Another major addition is the set of instruments designed to reinforce hybrid-threat resilience and electoral security. The EU High Representative Kaja Kallas had announced the allocation €15 million to strengthen Armenia’s resilience, including technical assistance, such as training for sappers, the provision of specialised equipment, and measures to counter hybrid attacks and disinformation campaigns allegedly carried out by ‘Russia and its proxies’. The timing of this support is unsurprising, arriving months before Armenia’s 2026 parliamentary elections and at a moment when Brussels is increasingly concerned about Russian interference across the Eastern Partnership states.
Armenia, too, has an interest in presenting this support from the EU as part of a broader political shift. Having launched its EU accession process in March 2025 and entered an active phase of the visa-liberalisation dialogue, Yerevan is eager to show that its foreign-policy trajectory is changing. And, with the 2026 parliamentary elections approaching, Prime Minister Nikol Pashinyan has centered his ‘Real Armenia’ campaign on reducing dependence on Russia, reopening borders, and normalising relations with Azerbaijan and Turkey.
Despite a decline in his approval ratings since 2018, Pashinyan faces a fragmented opposition, and the most significant pushback to his foreign-policy realignment now comes from outside Armenia: the nationalist diaspora and Russia, both of which oppose his normalisation track. EU assistance on hybrid-threat resilience therefore plays directly into this narrative. It allows Pashinyan to present Armenia as drifting out of Moscow’s orbit, while showcasing Western backing at a moment when Russia’s influence in Armenia has sharply declined. Recent polling reinforces this shift, with nearly half the population supporting a peace treaty with Baku, giving Pashinyan space to pursue his regional agenda with visible European support.

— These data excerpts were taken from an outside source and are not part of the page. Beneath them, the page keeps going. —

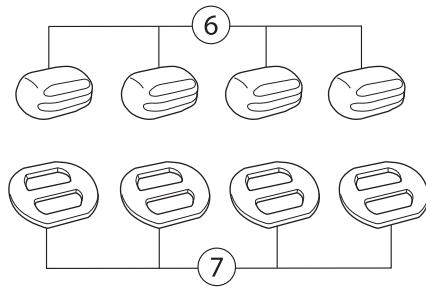

SK Návod na montáž

SL Navodila za pritrjevanje

SV Monteringsanvisning

TK Uydurma talimat

ZH 裝修指導

AR تعليمات التجميل

Made in Italy

N.	[IT]Componenti (Inclusi) [EN]Components (Included) [FR]Composants (Comprises) [DE]Die Komponenten (im Lieferumfang enthalten) [ES]Componentes (Incluido)	Q.	
1		1	
2		1	
3		4	
4		4	
5		RED	2
		YELLOW	2
		GREEN	2
6		4	
7		4	
8		1	
9		1	
10	 2,5m / 8 ft	1	
11		2	

N.	[IT]Ricambi (A Richiesta) [EN]Spare Parts (Made to order) [FR]Pièces de rechange (Sur commande) [DE]E Teile (auf Anfrage) [ES]Piezas de recambio (Previa solicitud)	Q.	Codice-Code-Código
3		1	700049700000
4		1	
5		1	700002200000
6		4	700002600000
7		2	700002400000
8		1	000128900000
9		1	000129000000
10	 2,5m / 8 ft	1	700001100000
11		2	700015700000
a	 Ø25mm / 1"	2	700002000000
b	 Ø30mm / 1.2"	2	700007000000
c		1	700017000000
d		1	700015600000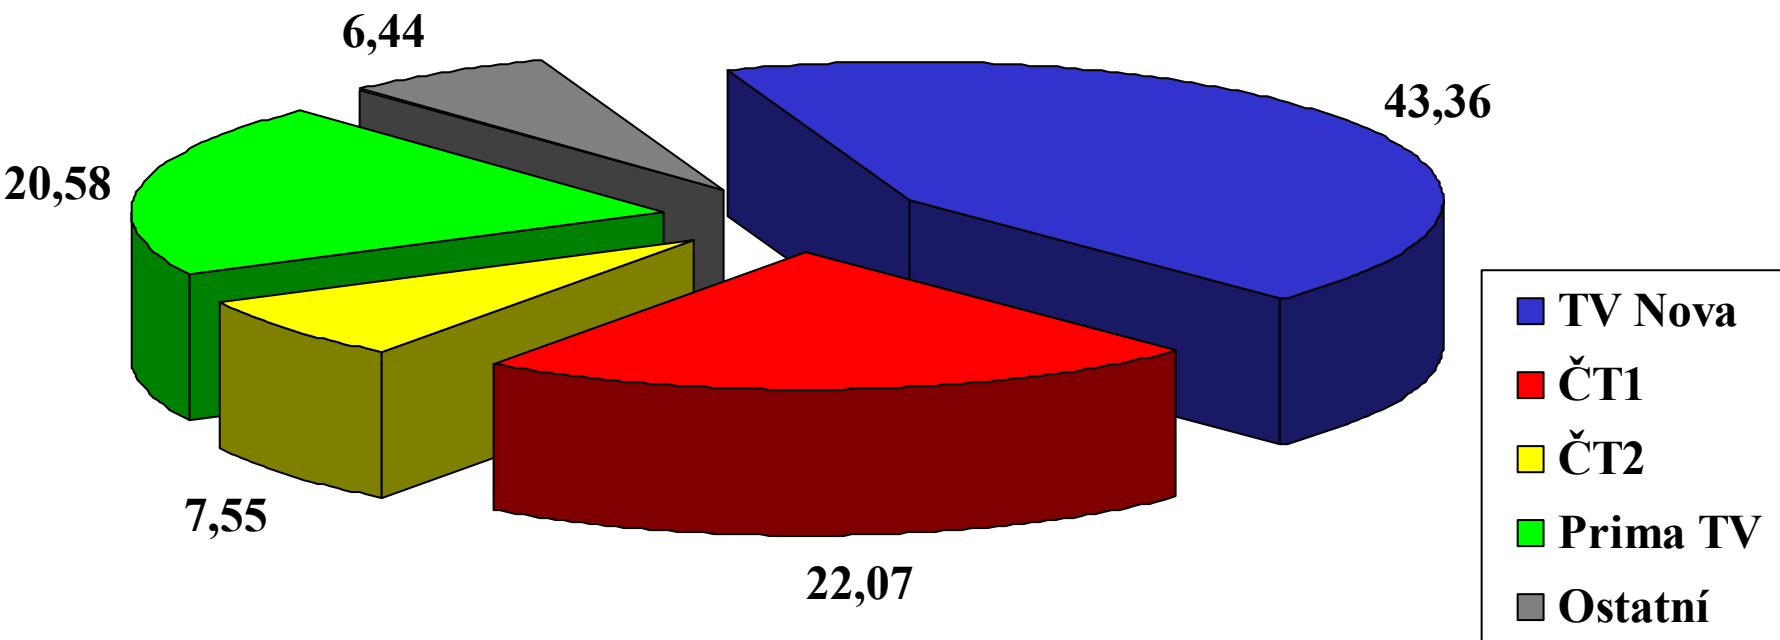

Průměrný celodenní podíl programů ČT1 a ČT2 na publiku v roce 2003

Průměrný podíl programů ČT1 a ČT2 na publiku v hlavním vysílacím čase (od 19:00 do 20:00 hodin) v roce 2003

Vývoj celodenního podílu programů ČT1 a ČT2 na publiku v roce 2003 po měsících

Vývoj podílu programů ČT1 a ČT2 na publiku v hlavním vysílacím čase v roce 2003 po měsících

Struktura programové nabídky ČT1 v roce 2003 podle programových typů

Údaje v procentech.

Zdroj: VPA ČT

Struktura programové nabídky ČT2 v roce 2003 podle programových typů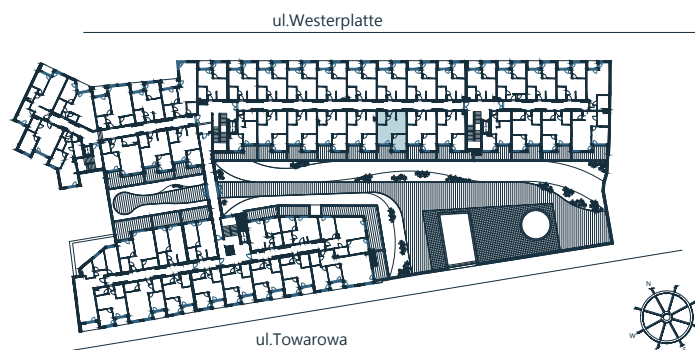

## LOKAL MIESZKALNY DWA POKOJE Z ANEKSEM KUCHENNYM PIĘTRO II

D 203

| NAZWA POMIESZCZENIA |                           |                     |
|---------------------|---------------------------|---------------------|
| 1                   | Przedpokój                |                     |
| 2                   | Łazienka                  |                     |
| 3                   | Sypialnia                 |                     |
| 4                   | Salon z aneksem kuchennym |                     |
|                     | RAZEM                     | 44,64m <sup>2</sup> |
| +                   | Taras                     | 13,09m <sup>2</sup> |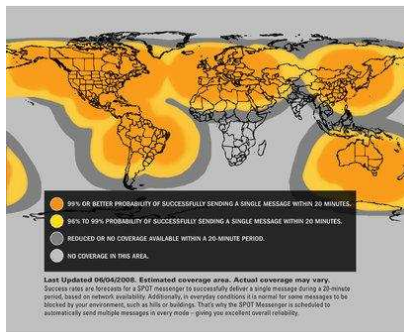

Traceur Satellitaire SAT-PRO

Système de suivi et de localisation par satellite

La Solution Tracking Satellite !!!

Abonnement Unique 99€/an : 200 détreesses/an

Designed for

- Le dispositif SAT-PRO utilise **deux réseaux satellitaires** qui captent votre position et la transmettent aux destinataires que vous avez choisi, accompagnée de messages programmés par l'utilisateur.
- SAT-PRO maintient un **lien vital** entre vous et votre famille ou vos amis et vous permet d'obtenir **des secours d'urgence** au moment où vous le désirez et à l'endroit où vous vous trouvez.
- **Appel de détresse SOS** : Un simple appui sur un bouton envoie au choix :
 - un **SMS** vers un téléphone cellulaire
 - un **E-mail** avec vos coordonnées et un lien vers Google Maps sur un ordinateur.
- SAT-PRO est un appareil **marinisé** et **tropicalisé** répondant aux normes militaires.
- **Récepteur GPS** intégré.
- **Batterie Lithium** offrant une autonomie de 1 an sans utilisation, 14 jours en progression et 7 jours en alerte.

Couverture Mondiale – Réseau Globalstar

A separate point of concern for Baku is the Strategic Agenda’s complete omission of the Trump Route Infrastructure Project (TRIPP), a key trilateral initiative agreed at the Washington summit on 8 August. While the document references Armenia’s own ‘Crossroads of Peace’ concept, it makes no mention of TRIPP, despite its key role in the normalisation process. Again, such clauses raise concerns about the EU’s neutrality in the post-conflict order.
Overall, for Azerbaijan, the Strategic Agenda introduces several structural risks. First, the absence of an updated contractual framework between Baku and Brussels contrasts sharply with the multi-layered cooperation now established with Yerevan, creating a political asymmetry in the region’s diplomatic landscape. The continuation of EUMA, the ambiguous language, and the expansion of EU involvement in Armenia’s electoral and security sectors collectively signal a degree of alignment that Baku views with caution. While the EU continues to publicly support the Armenia–Azerbaijan normalisation process, the depth of its engagement with Yerevan, particularly in security and border-adjacent areas, risks narrowing the space for a balanced EU–Azerbaijan dialogue at a moment when Baku is seeking predictability from its partners. How the EU navigates this balance will determine its place in the post-conflict order, especially at a time when Azerbaijan is strengthening ties with individual EU states like Slovakia and Hungary.